» **Source records**
Segment Open

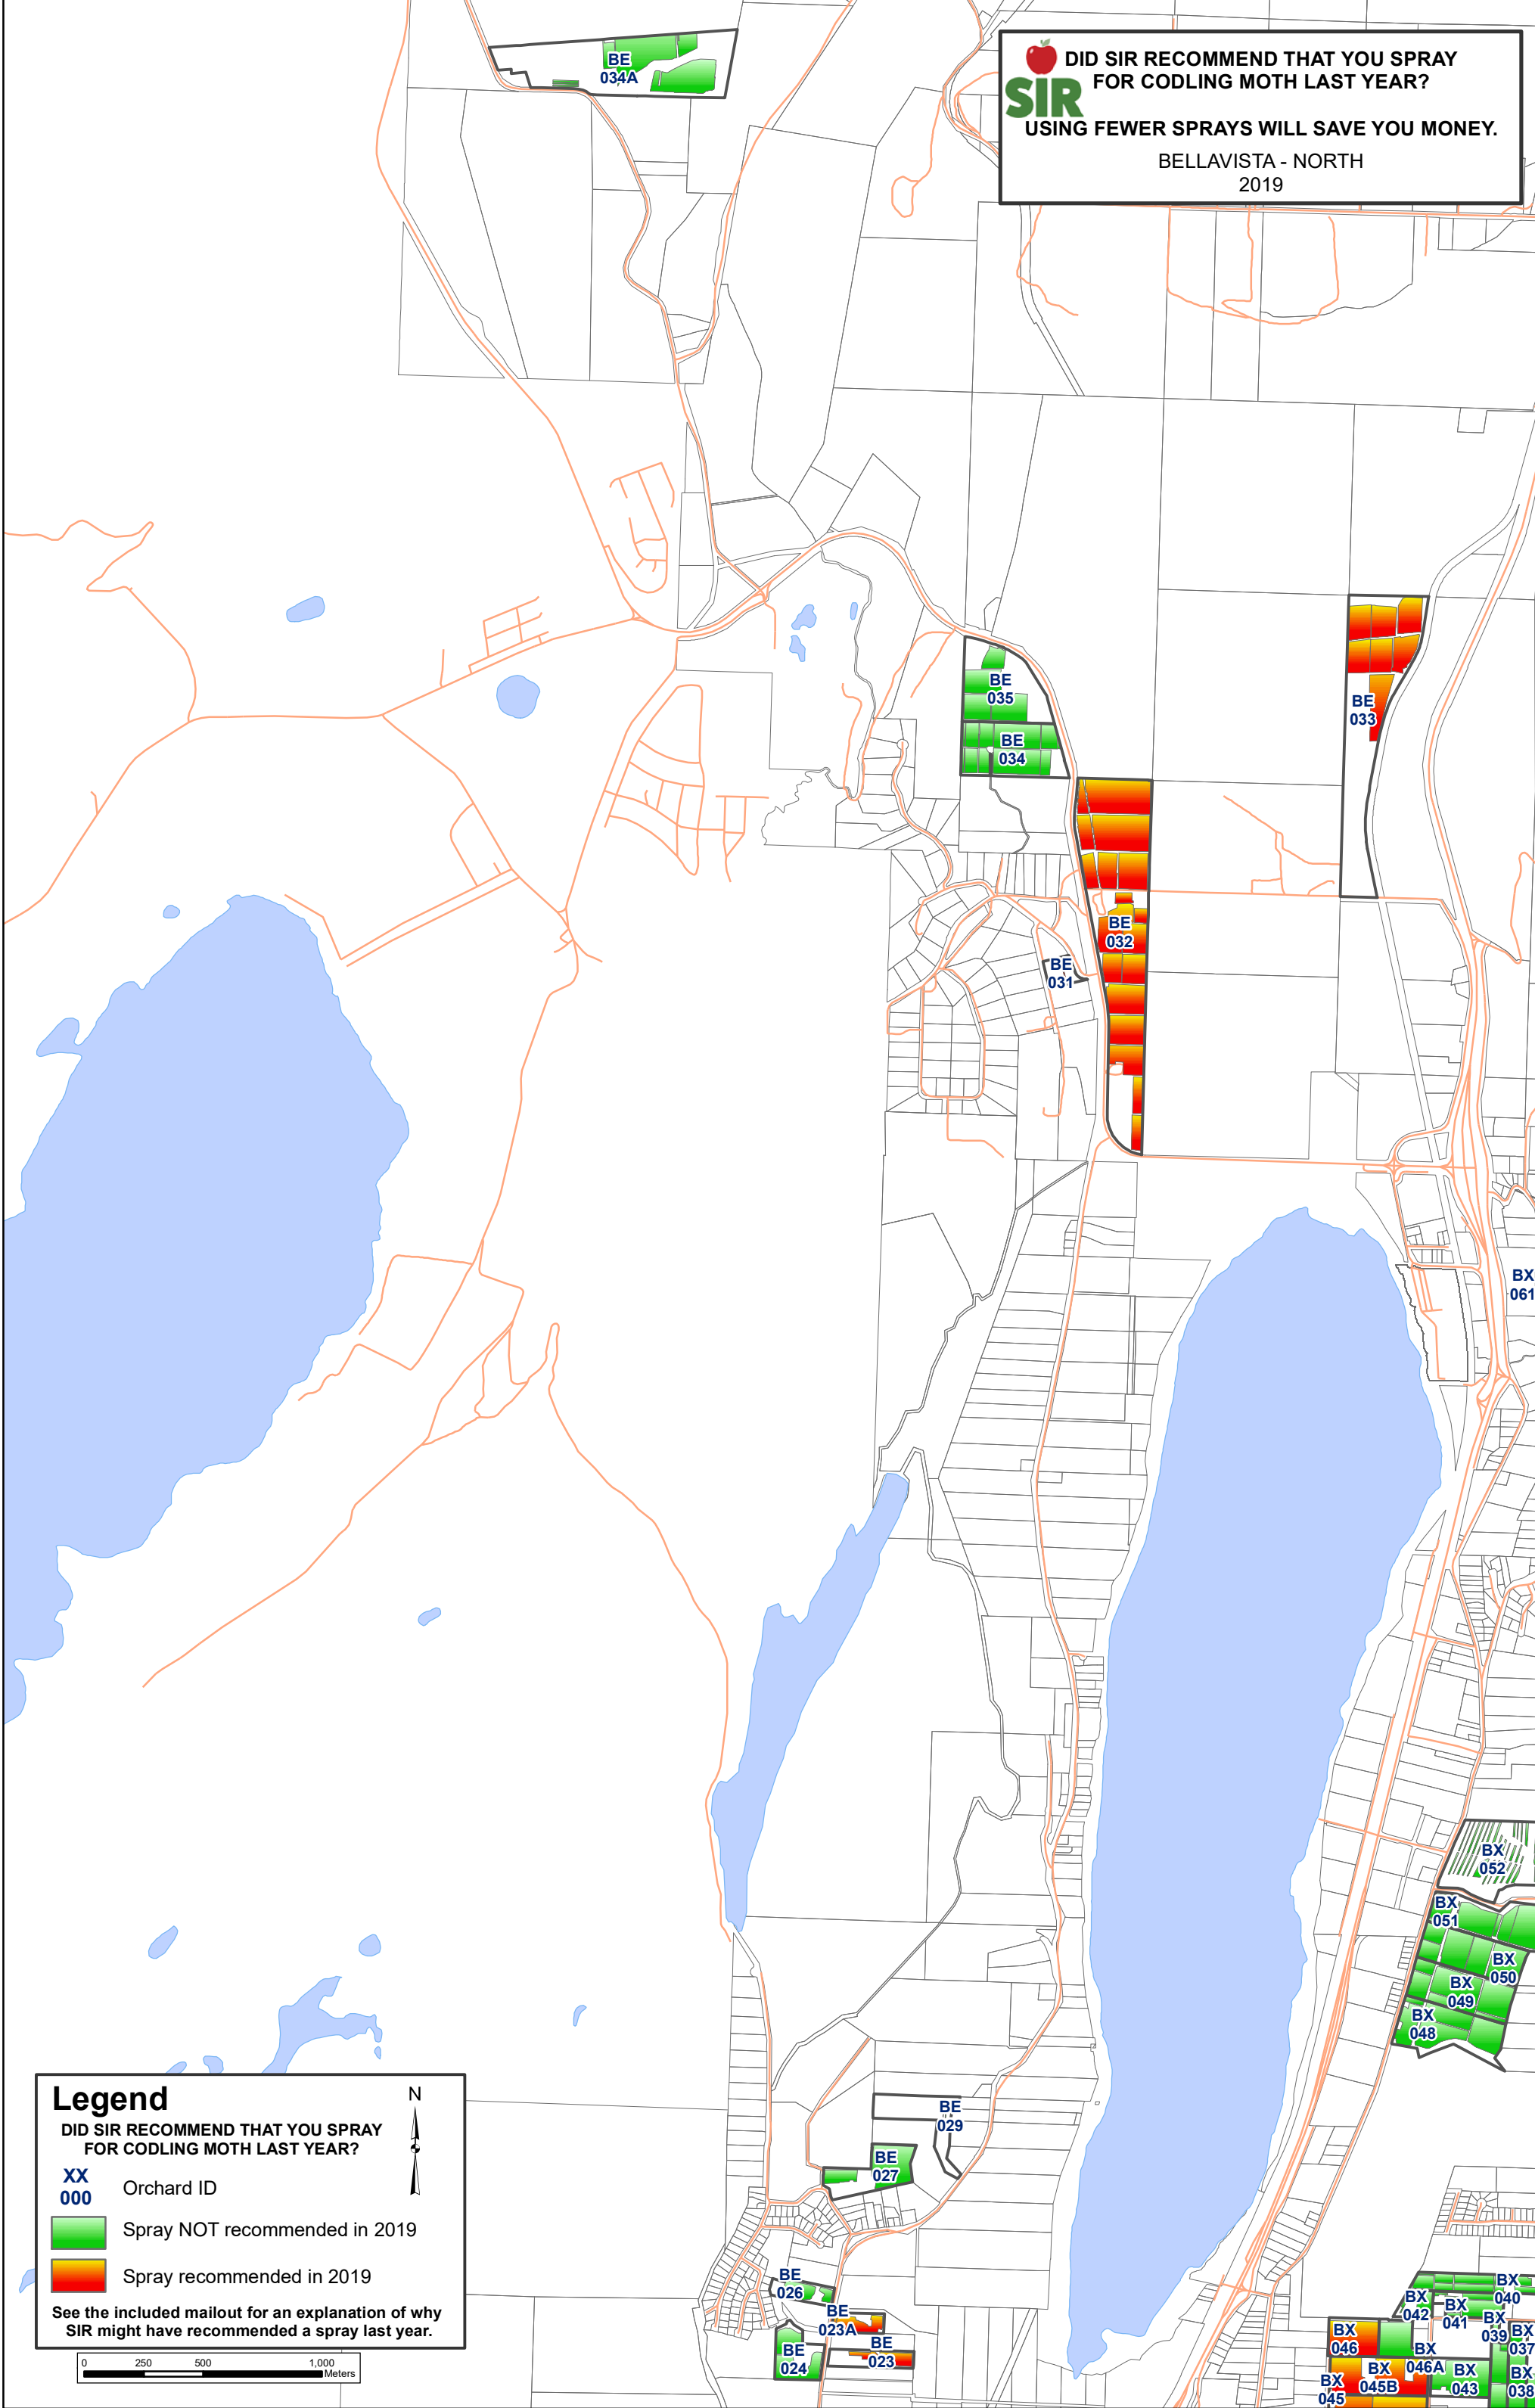

**DID SIR RECOMMEND THAT YOU SPRAY FOR CODLING MOTH LAST YEAR?**  
**SIR**  
**USING FEWER SPRAYS WILL SAVE YOU MONEY.**  
 BELLAVISTA - NORTH  
 2019

**Legend**

DID SIR RECOMMEND THAT YOU SPRAY FOR CODLING MOTH LAST YEAR?

**XX 000** Orchard ID

 Spray NOT recommended in 2019

 Spray recommended in 2019

See the included mailout for an explanation of why SIR might have recommended a spray last year.

0 250 500 1,000 Meters

N

Segment Closed

» **Problem details**
When you set down the records above, copy every line exactly and exclude the pictures.

» **Task result**
**DID SIR RECOMMEND THAT YOU SPRAY FOR CODLING MOTH LAST YEAR?**  
**SIR**  
**USING FEWER SPRAYS WILL SAVE YOU MONEY.**  
 BELLAVISTA - NORTH  
 2019

**Legend**

DID SIR RECOMMEND THAT YOU SPRAY FOR CODLING MOTH LAST YEAR?

**XX 000** Orchard ID

 Spray NOT recommended in 2019

 Spray recommended in 2019

See the included mailout for an explanation of why SIR might have recommended a spray last year.

0 250 500 1,000 Meters

N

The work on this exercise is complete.